* _Problem_
Please copy all of the data that follows exactly, leaving any pictures out.

*** Opening Materials provided ***

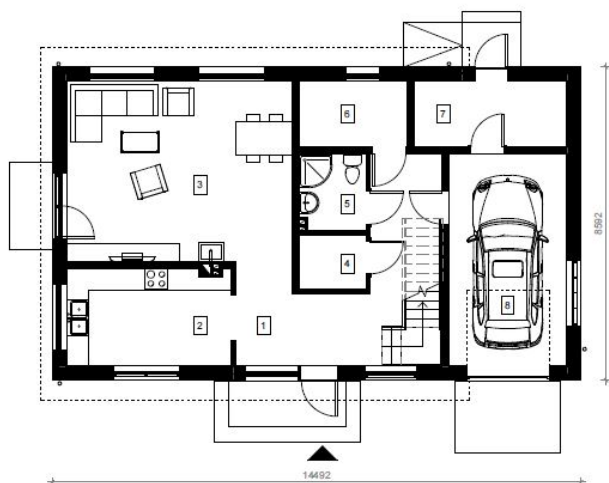

Skirmantas

Bendras plotas:

156.62 m²

Gyvenamas plotas:

68.01 m²

Pirmas aukštas

1. Holas	20.31 m ²
2. Virtuvė	11.98 m ²
3. Kambarys	30.63 m ²
4. Rūbinė	2.72 m ²
5. San. mazgas	3.79 m ²
6. Ūkinė patalpa	5.32 m ²
7. Sandėlis	7.53 m ²
8. Garažas	18.83 m ²

Iš viso: 101.11 m²

Skirmantas

Antras aukštas

1. Holas	16.8 m ²
2. Vonios kambarys	8.8 m ²
3. Drabužinė	4.6 m ²
4. Kambarys	14.6 m ²
5. Kambarys	10.8 m ²
Iš viso:	55.6 m ²

*** Closing Materials provided ***

* _Result for this exercise_
Skirmantas

Bendras plotas:

156.62 m²

Gyvenamas plotas:

68.01 m²

Pirmas aukštas

1. Holas	20.31 m ²
2. Virtuvė	11.98 m ²
3. Kambarys	30.63 m ²
4. Rūbinė	2.72 m ²
5. San. mazgas	3.79 m ²
6. Ūkinė patalpa	5.32 m ²
7. Sandėlis	7.53 m ²
8. Garažas	18.83 m ²

Iš viso: 101.11 m²

Skirmantas

Antras aukštas

1. Holas	16.8 m ²
2. Vonios kambarys	8.8 m ²
3. Drabužinė	4.6 m ²
4. Kambarys	14.6 m ²
5. Kambarys	10.8 m ²
Iš viso:	55.6 m ²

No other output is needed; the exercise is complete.